American Agricultural Chemical Co. v. Williamson

132 S.E. 146 | N.C. | 1926

Civil action brought by the holder of a chattel mortgage to enjoin a sale of the personal property covered by said mortgage, sought to be taken by the sheriff under levy to satisfy a claim for both real-estate and personal-property taxes due by the mortgagors.

A jury trial was waived, and on the facts found by consent, the trial court held that the personal property of the mortgagors, though covered by a chattel mortgage, was first liable to be sold under execution by the sheriff to satisfy all the taxes due by the mortgagors, before resort could be had to their real estate. From the judgment rendered in accordance with this ruling, dissolving the temporary restraining order previously entered in the cause, the plaintiff appeals. In 1920, J. W. and T. C. Gardner sold a farm in Duplin County and took a second deed of trust to secure a part of the purchase price, a first mortgage having been executed to the North Carolina Joint Stock Land Bank of Durham. On 3 January, 1924, the then owners of the land, R. E. Belcher, R. H. Knott and W. D. Dildy, gave the American Agricultural Chemical Company, Inc., a third mortgage on said land and incorporated in the same instrument a crop lien and first mortgage on certain personal property, the subject of controversy in this action. Thereafter, the second deed of trust, above mentioned, was foreclosed, and J. W. and T. C. Gardner repurchased the land. In the meantime, however, taxes had accumulated on said land in the hands of Belcher, Knott and Dildy to the amount of $476.24, and on 9 December, 1924, the sheriff of Duplin County levied on the personal property belonging to the said Belcher, Knott and Dildy and covered by the plaintiff's chattel mortgage, to satisfy, not only the real-estate taxes levied against the land while owned by them, but also a tax of $17.75 levied against the chattels covered by plaintiff's mortgage. His Honor held that the personal property of the mortgagors, after levy, was liable for both their real-estate and personal-property taxes, or the entire sum of $496.99, before resort could be had to the land in question. The appeal challenges the correctness of this ruling.

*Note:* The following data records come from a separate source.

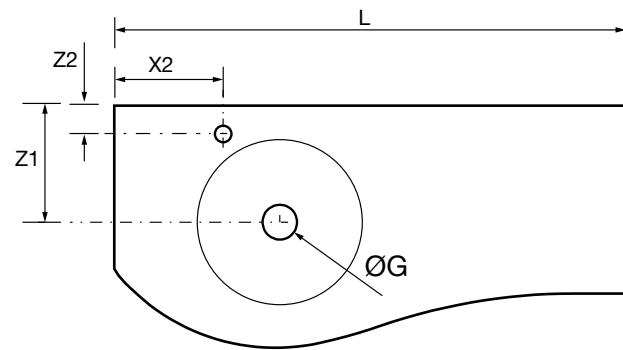

Datos necesarios para hacer el pedido de la encimera a medida

Taladro para lavabo y grifo opcional

ENCIMERAS MAM DERECHA

Encimera para mueble MAM con opción de mecanizado para lavabo y grifo. Se necesita rellenar hoja de pedido.

	Solid surface blanco mate		Pizarra negra		Mármol blanco		Terrazo natura	
	COD.	€	COD.	€	COD.	€	COD.	€
900	83880	346	96745	396	97378	396	103287	396
1200	83882	379	96746	439	97379	439	103288	439
1500	91126	519	96747	589	97380	589	103289	589

ENCIMERAS MAM IZQUIERDA

Encimera para mueble MAM con opción de mecanizado para lavabo y grifo. Se necesita rellenar hoja de pedido.

	Solid surface blanco mate		Pizarra negra		Mármol blanco		Terrazo natura	
	COD.	€	COD.	€	COD.	€	COD.	€
900	83881	346	96748	396	97382	396	103290	396
1200	83883	379	96749	439	97387	439	103291	439
1500	91127	519	96750	589	97388	589	103292	589

ENCIMERAS MAM CON TOALLERO DERECHA

Encimera para mueble MAM con toallero con opción de mecanizado para lavabo y grifo. Se necesita rellenar hoja de pedido.

	Solid surface blanco mate		Pizarra negra		Mármol blanco		Terrazo natura	
	COD.	€	COD.	€	COD.	€	COD.	€
900	85967	356	96751	406	97389	406	103293	406
1200	85969	389	96752	449	97390	449	103294	449
1500	91128	529	96758	599	97391	599	103295	599

ENCIMERAS MAM CON TOALLERO IZQUIERDA

Encimera para mueble MAM con toallero con opción de mecanizado para lavabo y grifo. Se necesita rellenar hoja de pedido.

	Solid surface blanco mate		Pizarra negra		Mármol blanco		Terrazo natura	
	COD.	€	COD.	€	COD.	€	COD.	€
900	85968	356	96760	406	97392	406	103296	406
1200	85970	389	96761	449	97393	449	103297	449
1500	91129	529	96762	599	97394	599	103298	599

Consulta nuestra guía de taladros para encimeras.

MECANIZADO PARA LAVABO Y GRIFO OPCIONAL

Descarga la hoja de pedido
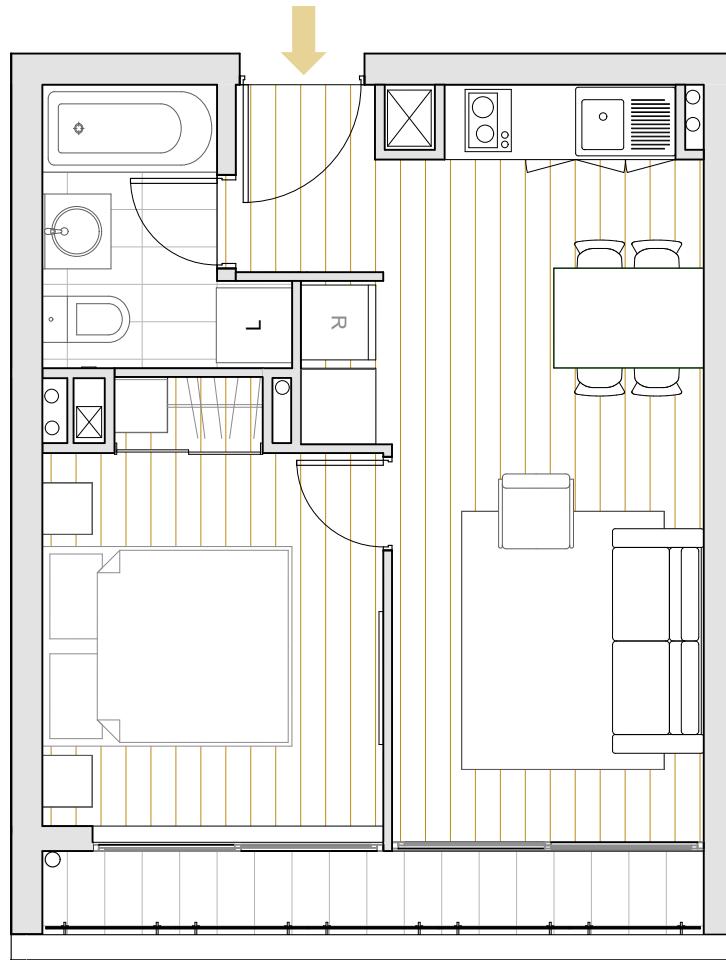

URBAN BUILD WEARIEDIFICIO
MOSAICART
ARTURO PRAT 565

1 DORMITORIO | 1 BAÑO

DEPARTAMENTO	SUPERFICIE INTERIOR	SUPERFICIE TERRAZA	SUPERFICIE GLOBAL
A207 - A208	34,81 m ²	4,67 m ²	39,48 m ²
B210	34,14 m ²	5,88 m ²	40,02 m ²

PISO 2

La imagen muestra una caracterización del departamento.

It is provided by C.S., 8006, that the personal property of a taxpayer shall be levied upon and sold for the satisfaction of his taxes before resorting to his real estate, if sufficient personalty, subject to levy and sale, can be found in the county of the sheriff having the tax list in hand.

But C.S., 7986, also provides: "Taxes shall not be a lien upon personal property, except where otherwise provided by law, but from a levy *486 thereon: Provided, that no mortgage or deed of trust executed upon personal property shall have the effect of creating a lien thereon superior to the lien acquired by a subsequent levy upon said property for the payment of the State, county, and municipal taxes, assessed against the same; but the sheriff or other tax collector leving upon such property, for the purpose of collecting the taxes due thereon, shall give due notice to the mortgagee or trustee of such property of the amount of such taxes at least ten days before the sale of the same, and such trustee or mortgagee shall have the right to pay said taxes and the costs incident to making the levy, when the sheriff or tax collector shall release the same to such trustee or mortgagee, and the amount so paid by said trustee or mortgagee shall constitute a part of the debt secured in the mortgage or deed of trust."

It will be observed that under this latter section, there is no lien on personal property for taxes, except where otherwise provided by law, but from a levy thereon. Carstarphen v. Plymouth, 186 N.C. 90; Shelby v.Tiddy, 118 N.C. 792; Wilmington v. Sprunt, 114 N.C. 310. And where a mortgage or deed of trust is executed on personal property, it creates no lien thereon superior to the lien acquired by a subsequent levy on said property for the payment of the State, county, and municipal taxes "assessed against the same," i. e., assessed against said personal property; and the sheriff or other tax collector, levying on such property, "for the purpose of collecting the taxes due thereon," is required to give due notice to the mortgagee or trustee of the "amount of such taxes," i.e., the amount of taxes assessed against said personal property and due thereon, at least ten days before the sale of same, etc.

To construe this section otherwise, or to interpret it as contended for by the defendants, would seriously impair the value of chattel mortgages in North Carolina. We think the only tax lien on the personal property here in question, superior to the plaintiff's mortgage thereon, is the lien for $17.75 acquired by the subsequent levy of the sheriff for the payment of State, county and municipal taxes assessed against said personal property and now due thereon, and which the plaintiff has the right to pay and add to the amount of the debt secured by the mortgage. In other words, to the extent of the plaintiff's interest in said property, as the holder of a chattel mortgage thereon, the same is not "subject to levy and sale" absolutely under C.S., 8006 et seq., for taxes, other than those levied on the particular property itself; and such property, when sold to collect taxes other than those levied upon it, would pass subject to the rights of the mortgagee, unless affected by the provisions of C.S., 8008, which is not the case here. Woody v. Jones, 113 N.C. 253; Geer v. Brown,126 N.C. 238.